El doble rasero de Occidente ante Gaza

 

El conflicto entre Israel y el grupo palestino Hamás, dejó al descubierto que las varas con las que los países occidentales miden los conflictos en Oriente Medio y en Ucrania no son las mismas, coincidieron especialistas consultados por Sputnik.

Este 22 de noviembre, el presidente de Rusia, Vladímir Putin, se preguntó por qué los líderes mundiales «no están conmocionados» con las palabras del secretario general de la ONU, Antonio Guterres, sobre que Gaza “es un enorme cementerio infantil”, al responder a los cuestionamientos de líderes de G20 que se declararon consternados por las acciones de Rusia en Ucrania.

«Entiendo que esto es la guerra, la pérdida de vidas no puede dejar de ser impactante. Y el sangriento golpe de Estado en Ucrania en 2014, seguido de la guerra del régimen de Kiev contra su propio pueblo en Donbás, ¿no es chocante? Y el exterminio de civiles en Palestina, en la Franja de Gaza, ¿no es chocante hoy en día?», expresó Putin en la cumbre virtual del G20.

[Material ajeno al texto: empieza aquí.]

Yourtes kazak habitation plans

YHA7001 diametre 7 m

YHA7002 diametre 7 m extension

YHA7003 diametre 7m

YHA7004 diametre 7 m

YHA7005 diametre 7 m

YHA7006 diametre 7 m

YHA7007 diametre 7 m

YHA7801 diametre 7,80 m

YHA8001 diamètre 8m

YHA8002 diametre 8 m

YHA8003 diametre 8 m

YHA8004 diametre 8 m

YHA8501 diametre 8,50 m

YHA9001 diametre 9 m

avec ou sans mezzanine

Para el doctor Humberto Morales, académico de la Universidad Autónoma de Puebla y especialista en las relaciones Rusia-México, en el conflicto palestino-israelí hay una violación clara del derecho internacional por parte de Israel.

«No se puede negar que el origen de Gaza es un ataque terrorista de Hamás hacia el Estado de Israel, pero este ataque terrorista provocó una invasión territorial y una situación de muertes de civiles inaceptable desde la lógica de las Naciones Unidas, a diferencia del modelo de la operación militar en Ucrania, donde se ha cuidado que las bajas sean estrictamente militares y lo menos posible civiles», afirma Morales en entrevista con Sputnik.

Occidente y su «moral desorientada»

En ese sentido, dice, «ha habido una especie de anatema de Occidente hacia Rusia» porque, cuando comenzó la crisis ucraniana en febrero de 2022, se acusó injustamente a Moscú de grandes agresiones contra la población civil, cuando en realidad no fue así y no puede compararse con lo que Tel Aviv hizo «de manera deliberada» en el enclave palestino, donde han muerto más de 14 mil personas a causa de las hostilidades entre las tropas del país hebreo y Hamás, según los últimos datos oficiales disponibles.

A pesar de la tragedia, Estados Unidos y algunos países occidentales han hecho caso omiso o han sido ambiguos en sus posturas sobre la crisis en Gaza, considera el maestro Carlos Manuel López Alvarado, experto en Relaciones Internacionales de la UNAM.

«Su moral está desorientada, es una moral construida, una moral política, una moral a conveniencia; no tendría que ser a conveniencia la muerte de niños», señala.

Y añade: «Esta moral ficticia, esta moral construida, esta moral chueca responde a intereses políticos, y por supuesto van a dejar que el conflicto continúe a pesar de que ya se habló un alto al fuego, pero tenemos que entender que el conflicto ha estado presente desde 1947». Según López Alvarado, lo que se está jugando Washington en el conflicto en Oriente Medio es su proyecto civilizatorio.

«Estados Unidos observa cómo está siendo desafiada su hegemonía (…), se siente amenazado Occidente, y entonces se moviliza la maquinaria propagandística total, la maquinaria política y diplomática para medir, para hablar de diferentes maneras sobre estos conflictos», dijo el académico de la UNAM.

Guerra energética

Para el doctor Morales, detrás de la postura de Occidente yace una batalla por asegurar el suministro de energéticos y de alimentos a Europa y un intento por hacer que no dependan de Rusia.

«Estados Unidos ha tratado siempre de controlar la influencia de Rusia a través de Irán y de Siria en Oriente Medio, porque son territorios donde no hay que olvidar que se juega el futuro energético de Europa y de Oriente Medio; es decir, Israel necesita tener control del gas que se encuentra en la zona de Gaza porque es el energético que puede garantizar la supervivencia en autonomía energética de Europa y en Oriente Medio respecto al gas ruso», explicó el académico de la UAP.

También, señaló el especialista, se intenta controlar territorios clave para el traslado de alimentos y materias primas que Moscú ha estado recientemente moviendo hacia África, pero que anteriormente se movían hacia Europa.

Eso es una guerra de alimentos, es una guerra energética y los norteamericanos tratan de no hacer depender a Europa y a Israel del mercado energético ruso», indica el experto. Sin embargo, señala Morales, Estados Unidos está en una posición muy delicada porque tienen que justificar las acciones de sus aliados, aunque estos violen el derecho internacional humanitario, como el caso de Israel.